Task to carry out ->
Filter the entries down to the lines holding "Etrier", then copy those lines.

Recorded information ->
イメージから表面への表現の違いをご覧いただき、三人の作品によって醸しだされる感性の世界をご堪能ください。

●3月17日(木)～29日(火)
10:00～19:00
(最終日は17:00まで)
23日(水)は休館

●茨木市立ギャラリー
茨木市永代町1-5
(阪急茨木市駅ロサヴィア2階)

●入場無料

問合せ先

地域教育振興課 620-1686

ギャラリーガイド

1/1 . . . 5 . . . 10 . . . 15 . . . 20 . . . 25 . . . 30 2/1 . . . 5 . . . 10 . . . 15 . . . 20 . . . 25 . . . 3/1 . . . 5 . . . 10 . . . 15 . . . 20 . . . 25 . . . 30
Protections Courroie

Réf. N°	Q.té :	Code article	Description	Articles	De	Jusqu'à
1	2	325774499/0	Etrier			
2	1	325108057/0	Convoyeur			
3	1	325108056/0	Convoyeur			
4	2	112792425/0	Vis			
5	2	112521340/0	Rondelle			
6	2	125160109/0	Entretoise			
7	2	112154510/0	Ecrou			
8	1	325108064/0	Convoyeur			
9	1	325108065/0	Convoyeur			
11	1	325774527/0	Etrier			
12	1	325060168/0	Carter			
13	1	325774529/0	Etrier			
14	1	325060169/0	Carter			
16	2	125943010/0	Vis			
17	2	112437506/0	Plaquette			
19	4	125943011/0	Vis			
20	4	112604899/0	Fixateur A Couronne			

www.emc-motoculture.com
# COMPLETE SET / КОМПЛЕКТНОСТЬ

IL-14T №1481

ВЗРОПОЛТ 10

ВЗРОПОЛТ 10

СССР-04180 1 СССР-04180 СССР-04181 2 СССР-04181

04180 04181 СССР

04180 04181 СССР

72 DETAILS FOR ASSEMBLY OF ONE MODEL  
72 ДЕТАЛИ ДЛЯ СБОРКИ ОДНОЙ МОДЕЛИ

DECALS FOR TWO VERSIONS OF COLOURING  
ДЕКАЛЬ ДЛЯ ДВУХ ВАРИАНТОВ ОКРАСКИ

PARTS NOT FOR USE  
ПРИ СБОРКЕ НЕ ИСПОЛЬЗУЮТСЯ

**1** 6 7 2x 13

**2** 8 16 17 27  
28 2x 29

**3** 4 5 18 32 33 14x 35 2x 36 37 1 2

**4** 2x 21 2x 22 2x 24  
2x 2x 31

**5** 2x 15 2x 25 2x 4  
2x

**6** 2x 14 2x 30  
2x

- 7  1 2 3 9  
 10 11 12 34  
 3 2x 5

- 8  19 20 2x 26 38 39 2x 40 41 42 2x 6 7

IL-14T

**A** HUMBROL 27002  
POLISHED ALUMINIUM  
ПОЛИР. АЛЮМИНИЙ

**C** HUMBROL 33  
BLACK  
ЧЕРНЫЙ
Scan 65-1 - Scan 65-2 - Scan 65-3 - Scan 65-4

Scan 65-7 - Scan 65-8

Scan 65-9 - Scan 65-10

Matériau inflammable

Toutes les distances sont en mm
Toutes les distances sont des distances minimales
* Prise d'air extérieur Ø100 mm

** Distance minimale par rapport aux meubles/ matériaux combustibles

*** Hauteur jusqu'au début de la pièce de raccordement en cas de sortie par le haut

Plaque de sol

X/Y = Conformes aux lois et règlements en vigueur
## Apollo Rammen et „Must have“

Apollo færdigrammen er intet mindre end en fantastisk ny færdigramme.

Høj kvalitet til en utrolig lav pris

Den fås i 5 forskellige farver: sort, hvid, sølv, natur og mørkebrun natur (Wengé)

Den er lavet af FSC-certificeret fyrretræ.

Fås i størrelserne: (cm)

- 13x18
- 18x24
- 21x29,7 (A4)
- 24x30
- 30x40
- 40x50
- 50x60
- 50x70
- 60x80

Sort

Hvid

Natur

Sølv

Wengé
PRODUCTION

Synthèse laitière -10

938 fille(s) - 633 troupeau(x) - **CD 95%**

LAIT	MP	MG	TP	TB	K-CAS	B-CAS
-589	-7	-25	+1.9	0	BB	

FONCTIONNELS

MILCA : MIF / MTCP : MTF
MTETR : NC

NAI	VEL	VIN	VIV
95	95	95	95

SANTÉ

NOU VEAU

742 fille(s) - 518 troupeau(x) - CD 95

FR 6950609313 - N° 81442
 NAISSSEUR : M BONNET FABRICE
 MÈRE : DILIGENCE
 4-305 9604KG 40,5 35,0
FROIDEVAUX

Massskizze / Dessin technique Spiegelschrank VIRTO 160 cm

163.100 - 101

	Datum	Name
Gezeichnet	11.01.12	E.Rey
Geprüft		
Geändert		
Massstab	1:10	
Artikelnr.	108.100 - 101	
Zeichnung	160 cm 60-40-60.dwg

Your solution ->
1	2	325774499/0	Etrier			
11	1	325774527/0	Etrier			
13	1	325774529/0	Etrier			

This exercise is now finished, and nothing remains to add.